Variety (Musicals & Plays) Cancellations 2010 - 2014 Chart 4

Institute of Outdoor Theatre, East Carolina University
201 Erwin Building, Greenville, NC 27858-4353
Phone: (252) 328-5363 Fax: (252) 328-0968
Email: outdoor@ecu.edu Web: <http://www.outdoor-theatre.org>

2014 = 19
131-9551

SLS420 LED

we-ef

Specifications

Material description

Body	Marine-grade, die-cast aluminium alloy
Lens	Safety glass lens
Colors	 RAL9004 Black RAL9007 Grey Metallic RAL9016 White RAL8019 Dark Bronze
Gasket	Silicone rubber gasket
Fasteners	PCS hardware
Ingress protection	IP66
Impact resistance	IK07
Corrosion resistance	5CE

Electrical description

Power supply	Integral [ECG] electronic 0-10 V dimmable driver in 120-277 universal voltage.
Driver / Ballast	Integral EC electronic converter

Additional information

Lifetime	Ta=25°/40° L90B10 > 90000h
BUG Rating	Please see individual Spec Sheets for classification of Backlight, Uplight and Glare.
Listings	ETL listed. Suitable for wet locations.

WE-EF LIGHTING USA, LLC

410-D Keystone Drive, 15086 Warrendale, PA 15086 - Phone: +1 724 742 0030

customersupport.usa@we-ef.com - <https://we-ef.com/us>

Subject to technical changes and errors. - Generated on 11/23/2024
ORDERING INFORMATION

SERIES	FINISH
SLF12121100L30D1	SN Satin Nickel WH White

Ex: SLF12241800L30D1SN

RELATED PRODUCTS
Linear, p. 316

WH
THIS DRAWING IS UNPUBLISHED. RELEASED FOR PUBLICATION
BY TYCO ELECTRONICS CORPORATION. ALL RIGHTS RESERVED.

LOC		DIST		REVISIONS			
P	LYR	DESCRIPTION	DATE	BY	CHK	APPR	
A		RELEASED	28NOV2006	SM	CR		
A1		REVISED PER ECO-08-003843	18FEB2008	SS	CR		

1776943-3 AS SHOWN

...

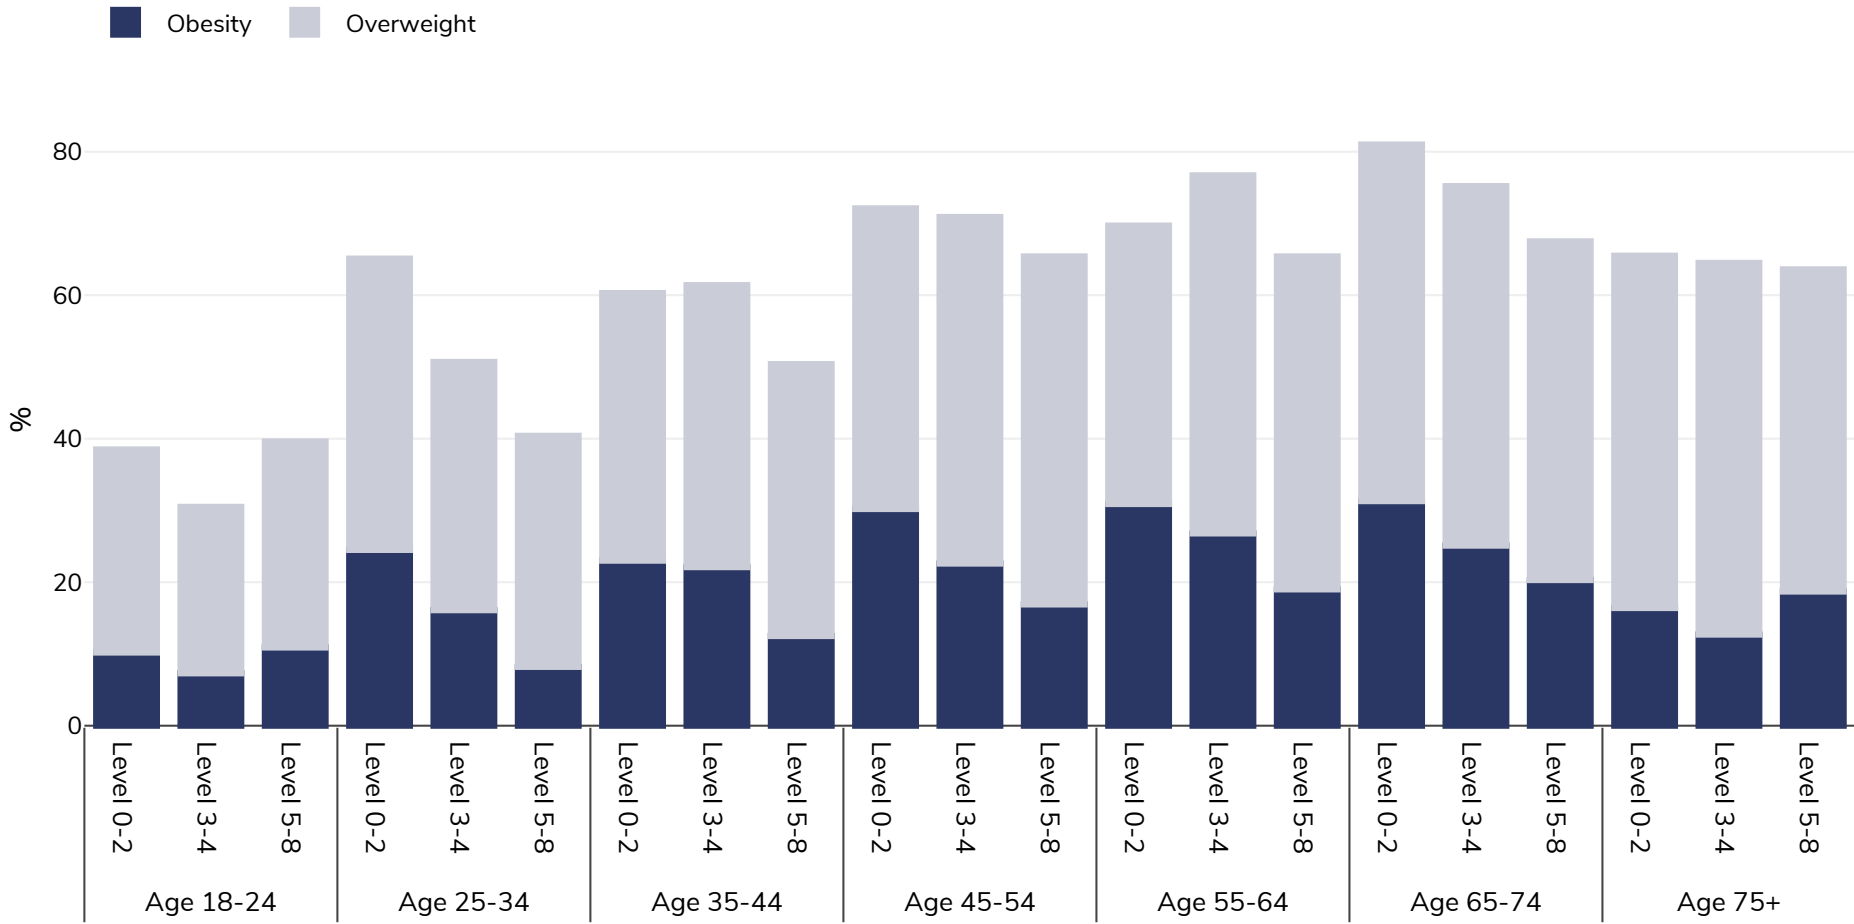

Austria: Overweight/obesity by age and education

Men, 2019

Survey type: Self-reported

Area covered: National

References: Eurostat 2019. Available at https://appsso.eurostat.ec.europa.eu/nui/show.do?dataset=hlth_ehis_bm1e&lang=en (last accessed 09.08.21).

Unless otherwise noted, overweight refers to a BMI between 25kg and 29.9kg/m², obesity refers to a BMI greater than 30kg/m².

PROBLEM TO SOLVE> A copy of each line above that holds the word "RELEASED" is the expected answer.

PROBLEM SOLUTION>
THIS DRAWING IS UNPUBLISHED. RELEASED FOR PUBLICATION
A		RELEASED	28NOV2006	SM	CR		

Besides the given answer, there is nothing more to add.